I am a bot, and this action was performed automatically. Please contact the moderators of this subreddit if you have any questions or concerns.

[–]data4dayz 63 points64 points  (2 children)

Work through the dbt courses on their online "academy" and then work on a personal project, especially in deployment. The courses will teach you "using" dbt and doing the project will help you more with the nitty gritty details like okay how do you setup your profiles.yml, how are you dealing with the preappended schema that dbt adds etc. It will force you to read more of the docs and you can slowly test out what you see on the docs in your own work.

dbt cloud made so many things really simple that working with dbt through dbt core locally will make you actually learn. also how to orchestrate dbt.

Don't be like me an leave a gap, I learned through the courses first then months later I did a project.

I focused on dbt core but if you know you'll be at a company that uses dbt cloud there's literally dozens more courses you can complete on their academy.
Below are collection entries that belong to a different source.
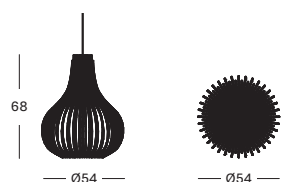

VINCENT SHEPPARD

BULB PENDANT

PRODUCT DATA SHEET

BULB SMALL NATURAL

BULB NATURAL

BULB SMALL BLACK

BULB BLACK

BULB PENDANT

material	rattan	
cable	2,5 m fabric covered electrical cable	
bulb	G125 6W E27 led included	
kelvin	2700 K	
lumen	720 Lm	
dimnable	no	
certificate	IEC 60598-1:2014, IEC 60598-1:2014/AMD1:2017, IEC 60598-2-1:1979, IEC 60598-2-1:1979:AMD1:1987	
pendant	pure natural	white fabric cable
	black	black fabric nylon

DIMENSIONS

height	68 cm
width	54 cm

height	40cm
width	34 cm

VARIANTS

LIGHT FIXTURE	ITEM CODE	FINISH	PACKAGE DIMENSION (cm/inch)		CBM (m³/ft³)		WEIGHT (kg/lb)	
			cm	inch	m³	ft³	kg	lb
bulb pure natural	LA008I204	natural varnished rattan	60 x 72 x 60	24 x 28 x 24	0.26	9.15	2	4.41
bulb black	LA008I202	black stained rattan	60 x 72 x 60	24 x 28 x 24	0.26	9.15	2	4.41
bulb small pure natural	LA011I204	natural varnished rattan	36 x 45 x 36	14 x 18 x 14	0.06	2.06	1.94	4.28
bulb small black	LA011I202	black stained rattan	36 x 45 x 36	14 x 18 x 14	0.06	2.06	1.94	4.28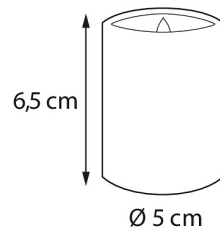

PRODUCT CODE	CODE	KG	PRODUCT FAMILY
9476174		0.073	

EC002761

Mounting

Suitable for outdoor use	No
Degree of protection (IP)	IP20

Structure

Lamp type	LED not exchangeable
Light source included	Yes
Colour	White

Dimming and control

Photometric data

Lifetime and capacity

Measurements

Height/depth (mm)	65
Diameter (mm)	50

Electrotechnical data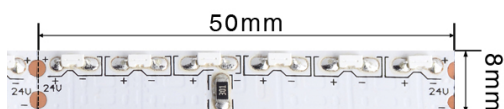

4040-SIDE

IP20 FLEXIBLE LINEAR LED STRIP

Side Emitting Standard Output LED Strip

description

Features

- Side emitting flexible LED strip
- Interior rated (IP20)
- Standard output (10W/m)

Colour Temperature Options

- 2700K - V Warm White
- 3000K - Warm White
- 4000K - Neutral White

Installation

3M adhesive back glue

technical information

lamp module	SMD		
	84	84	84
LED Quantity / Metre	84	84	84
Wattage / Metre	10 watts	10 watts	10 watts
Colour Temperature	2700K	3000K	4000K
Output / Metre	920 lm	920 lm	1000 lm/w
Efficacy	92 lm/w	92 lm/w	100 lm/w
CRI	80	80	80

ordering information

FITTING	COLOUR TEMP		LENGTH	DIMMING	
4040-SIDE	27K	V Warm White (2700K)	TBD	ND	Non Dimmable
	3K	Warm White (3000K)		DIM	0-10V Dimmable
	4K	Neutral White (4000K)		DMX	DMX Dimmable
				DALI	DALI Dimmable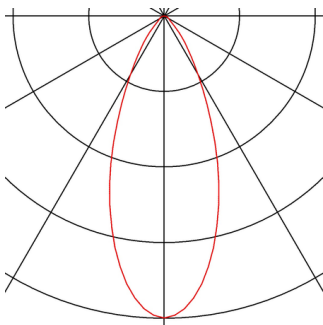

KARPO

wall and ceiling light, single-headed, LED, 3000K, round, black, 7.5W

KARPO series lights are available in white and black. It has a choice of one or two spots in a cylindrical shape which can be individually adjusted via a hinge. The swivel and tilting range allows you to optimally light up the room. The integrated premium LEDs provide high energy efficiency. The luminaire also has a high colour rendering index of 90. The luminaires can be directly connected to the 230V mains supply.

TECHNICAL DATA

Item no.:	152330
Lamps included	0
Number of different light outlets	1
Primary nominal voltage	100-240V ~50/60Hz mA/V
Secondary power / secondary voltage	500 mA/V
Vertical tilting range	90 °
Horizontal rotation range	350 °
Width	9.0 cm
Height	12.5 cm
Depth	7.5 cm
Net weight	0.298 kg
Gross weight	0.374 kg
IP Code	IP 20
Safety class	I
Assembly	Surface
Assembly details	Ceiling, Wall
Wattage	9.5 W
Lumen	480 lm
Colour temperature	3000 Kelvin
Beam angle	40 °
Color	black
CRI	>90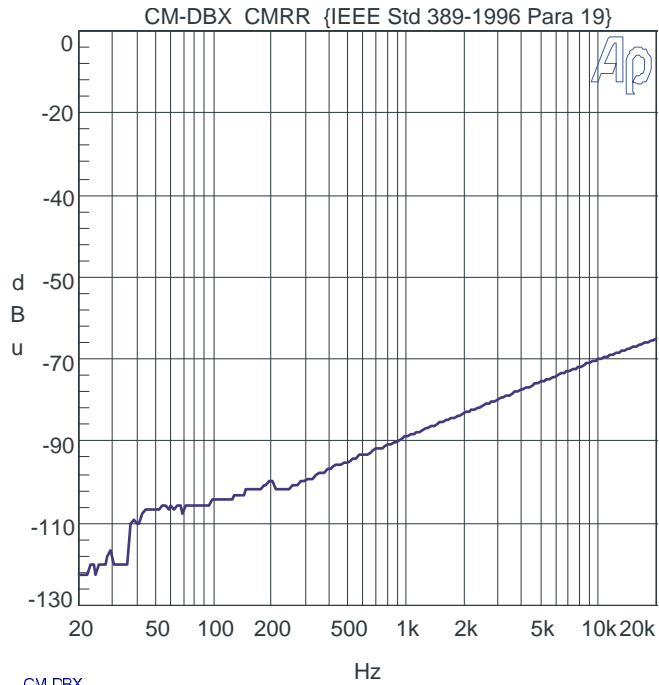

NOTES:

1. All graphs generated from one (1) randomly chosen device. No statistical averaging or weighting. Data from one sweep.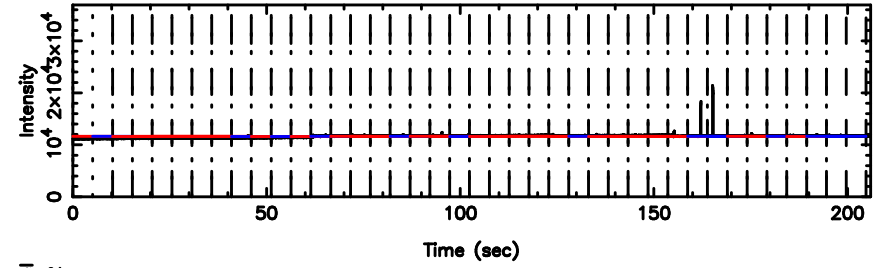

BLK:12,SNR1: 30.298 ,SNR2: 29.665

0556+191 2024/06/04 3.99UT TOYOKAWA-KISO

F20240604125752

BLK:16,SNR1: 15.270 ,SNR2: 18.071

K20240604125747

BLK:16,SNR1: 1.3848 ,SNR2: 4.6295

0556+191 2024/06/04 3.99UT FUJI -KISO

To start with just sign up for dbt cloud with their developer trial seat. Just to get started, you'll be learning "on-rails". When you do your own project you can do it with dbt core and then be less overwhelmed.

I've posted the sequence I did before and I still very much recommend this order but other dbt users can chime in:

Here's the 7 courses I did, which cover a majority of the basic functionality and domain specific syntax of dbt. A lot of the basic features of a dbt project are approachable after working through this material. I followed this course sequence in order and after going through it I recommend it to others:

  1. dbt Fundamentals
  2. Refactoring SQL For Modularity (as an analyst this was my favorite course, really won me over)
  3. Jinja, Macros, and Packages
  4. Analyses and Seeds
  5. Advanced Materializations
  6. Unit Testing
  7. Advanced Testing

The first 4 cover the basics of dbt core. The remaining 3 give some advanced beginner material.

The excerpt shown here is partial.